__Stored entries__
_____

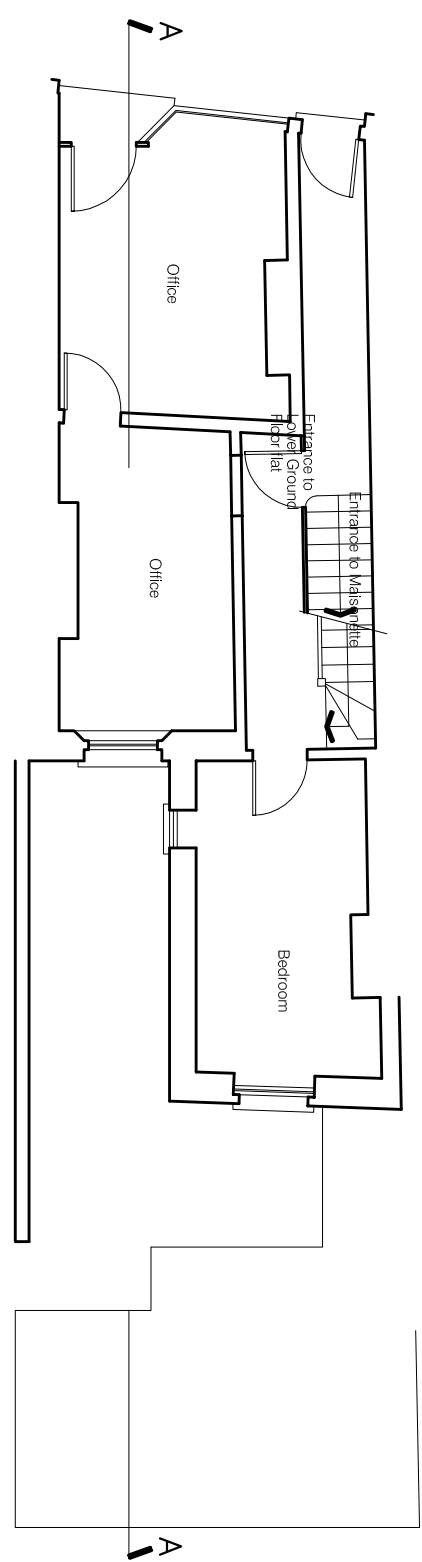

EXISTING GROUND FLOOR PLAN

A4

Yiannis Pareas Chartered Architects
 82 Mill Lane
 London NW6 1NL
 Tel 020 7431 5022 fax 020 7435 6571

82 MILL LANE
 LONDON NW6 1NL
 SCALE 1:100

PLANS
 AS PROPOSED
 DRAWING NO 376/4
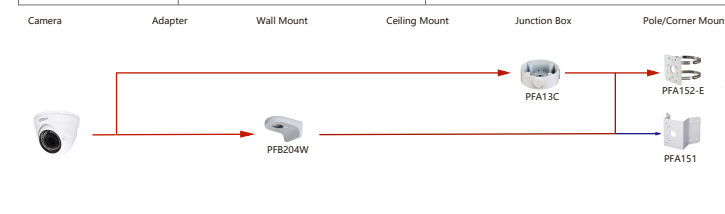

Shape	IP Camera	CVI Camera
		HAC-HDW1100/1200/1220/1400R-VF
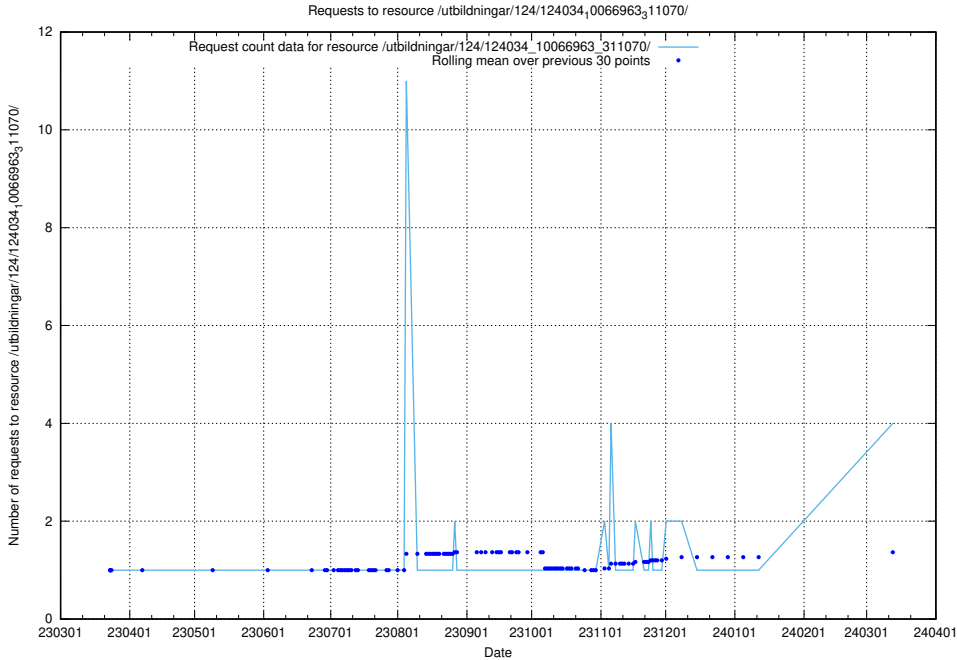

5.153 Usage of /utbildningar/124/124034_10066963_311070/

Here, we count the number of requests to resource /utbildningar/124/124034_10066963_311070/.
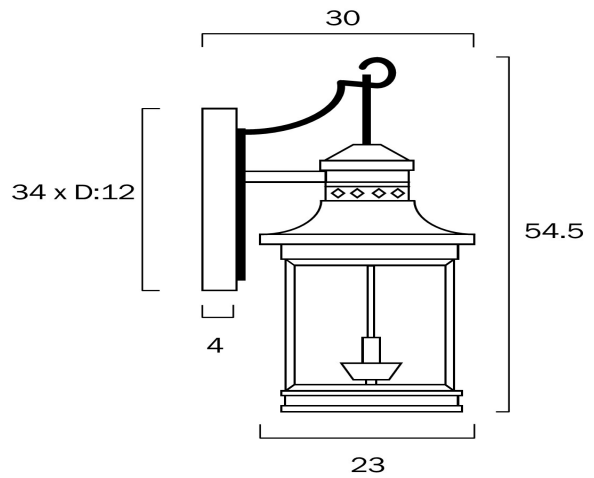

FERGUS EXTERIOR WALL LIGHT

LIGHT SOURCE

Voltage Input

240V

Total Wattage (max)

80

Wattage

25

Globe Type

E14

Globe / Light Source qty

2

Globe / Light Source included

No

Dimmable

Globe Dependant

3.72

Fixture Projection (cm)

30

Fixture Height (cm)

54.5

Fixture Width (cm)

23

WARRANTY

_____

__Work task__
Where does the word "utbildningar" appear in the records? Copy every line that holds it.

__Response for this exercise__
5.153 Usage of /utbildningar/124/124034_10066963_311070/
Here, we count the number of requests to resource /utbildningar/124/124034_10066963_311070/.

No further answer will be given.